- WHAT YOU HAVE TO DO: Only one stretch of the data below is wanted: the lines from the one with "- Ideal for**" through the one with "Standart Uzunluk Standard", repeated exactly.

- PROVIDED DATA:

+ + + + + + +

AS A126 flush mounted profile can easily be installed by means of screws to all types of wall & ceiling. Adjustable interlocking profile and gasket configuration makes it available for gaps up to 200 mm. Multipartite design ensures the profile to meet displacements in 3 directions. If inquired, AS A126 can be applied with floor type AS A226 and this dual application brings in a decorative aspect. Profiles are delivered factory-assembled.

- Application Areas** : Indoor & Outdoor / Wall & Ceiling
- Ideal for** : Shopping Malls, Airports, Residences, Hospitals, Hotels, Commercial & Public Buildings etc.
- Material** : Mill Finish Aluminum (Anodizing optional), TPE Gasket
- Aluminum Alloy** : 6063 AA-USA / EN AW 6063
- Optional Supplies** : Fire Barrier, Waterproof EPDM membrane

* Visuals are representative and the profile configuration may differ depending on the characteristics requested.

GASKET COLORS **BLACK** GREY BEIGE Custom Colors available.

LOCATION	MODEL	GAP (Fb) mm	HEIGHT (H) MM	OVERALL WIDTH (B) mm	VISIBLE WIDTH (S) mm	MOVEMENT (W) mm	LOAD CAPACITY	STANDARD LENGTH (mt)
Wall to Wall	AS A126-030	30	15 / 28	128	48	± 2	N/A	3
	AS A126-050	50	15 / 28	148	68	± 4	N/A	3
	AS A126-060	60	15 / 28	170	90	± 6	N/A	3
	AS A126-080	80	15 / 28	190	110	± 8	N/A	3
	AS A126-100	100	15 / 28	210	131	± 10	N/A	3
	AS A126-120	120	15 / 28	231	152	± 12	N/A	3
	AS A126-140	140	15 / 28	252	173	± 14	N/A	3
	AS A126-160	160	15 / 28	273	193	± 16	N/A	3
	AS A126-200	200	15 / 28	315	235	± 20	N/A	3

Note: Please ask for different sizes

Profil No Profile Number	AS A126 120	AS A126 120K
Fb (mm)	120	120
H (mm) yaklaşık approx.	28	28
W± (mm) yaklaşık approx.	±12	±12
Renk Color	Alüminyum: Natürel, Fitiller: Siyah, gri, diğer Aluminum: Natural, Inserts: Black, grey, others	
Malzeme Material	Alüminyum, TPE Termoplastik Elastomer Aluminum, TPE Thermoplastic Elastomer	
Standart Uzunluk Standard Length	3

+ + + + + + +

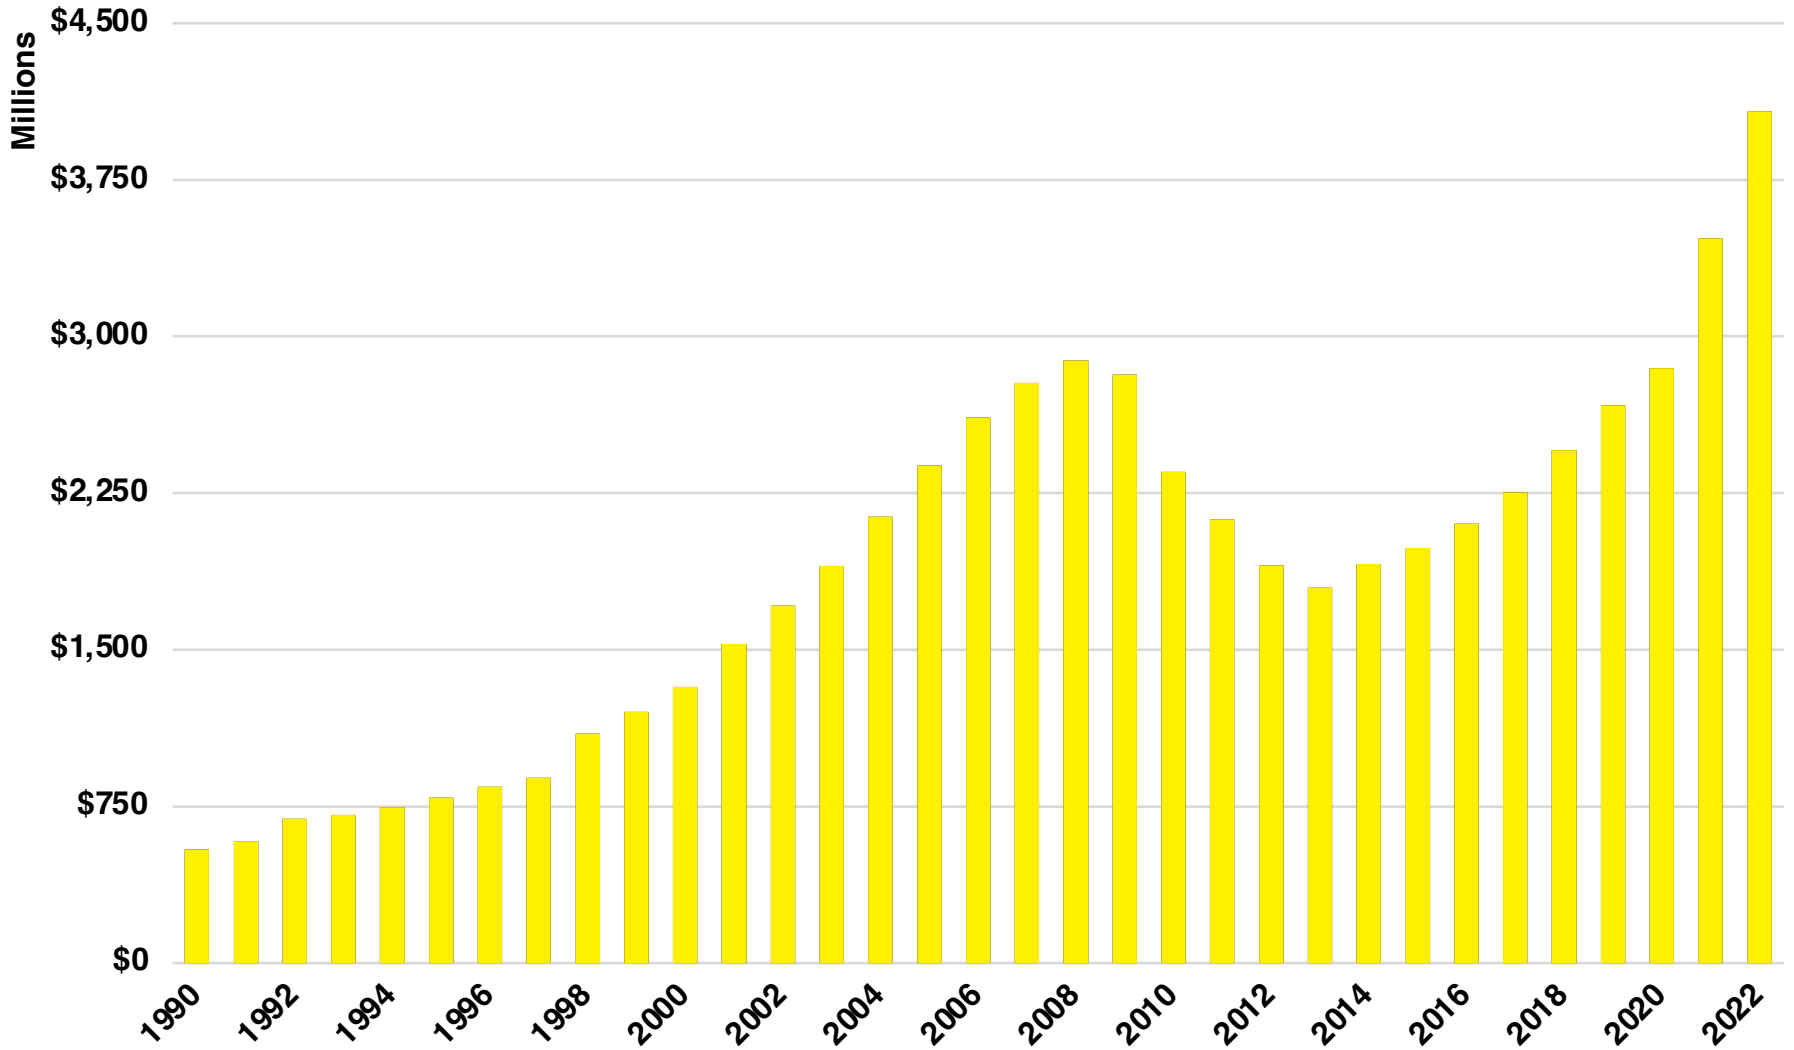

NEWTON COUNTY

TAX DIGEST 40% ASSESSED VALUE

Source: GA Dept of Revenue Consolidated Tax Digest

+ + + + + + +

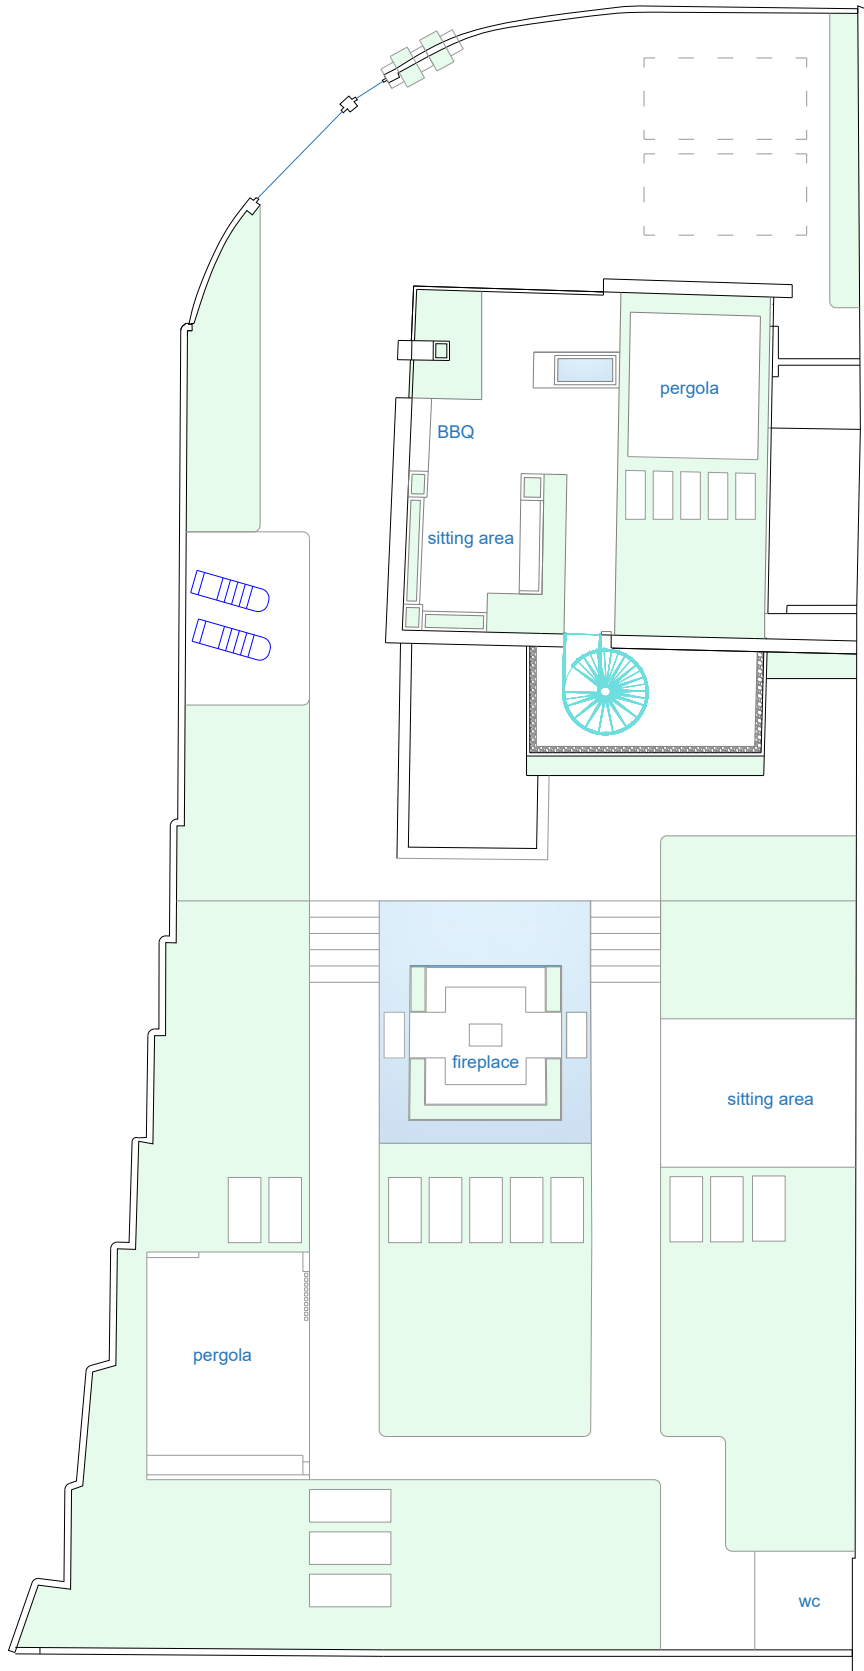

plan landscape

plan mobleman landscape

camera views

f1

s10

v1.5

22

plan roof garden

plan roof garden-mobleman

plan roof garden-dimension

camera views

+ + + + + + +

- RESPONSE:
- Ideal for** : Shopping Malls, Airports, Residences, Hospitals, Hotels, Commercial & Public Buildings etc.
- Material** : Mill Finish Aluminum (Anodizing optional), TPE Gasket
- Aluminum Alloy** : 6063 AA-USA / EN AW 6063
- Optional Supplies** : Fire Barrier, Waterproof EPDM membrane

* Visuals are representative and the profile configuration may differ depending on the characteristics requested.

GASKET COLORS **BLACK** GREY BEIGE Custom Colors available.

LOCATION	MODEL	GAP (Fb) mm	HEIGHT (H) MM	OVERALL WIDTH (B) mm	VISIBLE WIDTH (S) mm	MOVEMENT (W) mm	LOAD CAPACITY	STANDARD LENGTH (mt)
Wall to Wall	AS A126-030	30	15 / 28	128	48	± 2	N/A	3
	AS A126-050	50	15 / 28	148	68	± 4	N/A	3
	AS A126-060	60	15 / 28	170	90	± 6	N/A	3
	AS A126-080	80	15 / 28	190	110	± 8	N/A	3
	AS A126-100	100	15 / 28	210	131	± 10	N/A	3
	AS A126-120	120	15 / 28	231	152	± 12	N/A	3
	AS A126-140	140	15 / 28	252	173	± 14	N/A	3
	AS A126-160	160	15 / 28	273	193	± 16	N/A	3
	AS A126-200	200	15 / 28	315	235	± 20	N/A	3

Note: Please ask for different sizes

Profil No Profile Number	AS A126 120	AS A126 120K
Fb (mm)	120	120
H (mm) yaklaşık approx.	28	28
W± (mm) yaklaşık approx.	±12	±12
Renk Color	Alüminyum: Natürel, Fitiller: Siyah, gri, diğer Aluminum: Natural, Inserts: Black, grey, others	
Malzeme Material	Alüminyum, TPE Termoplastik Elastomer Aluminum, TPE Thermoplastic Elastomer	
Standart Uzunluk Standard Length	3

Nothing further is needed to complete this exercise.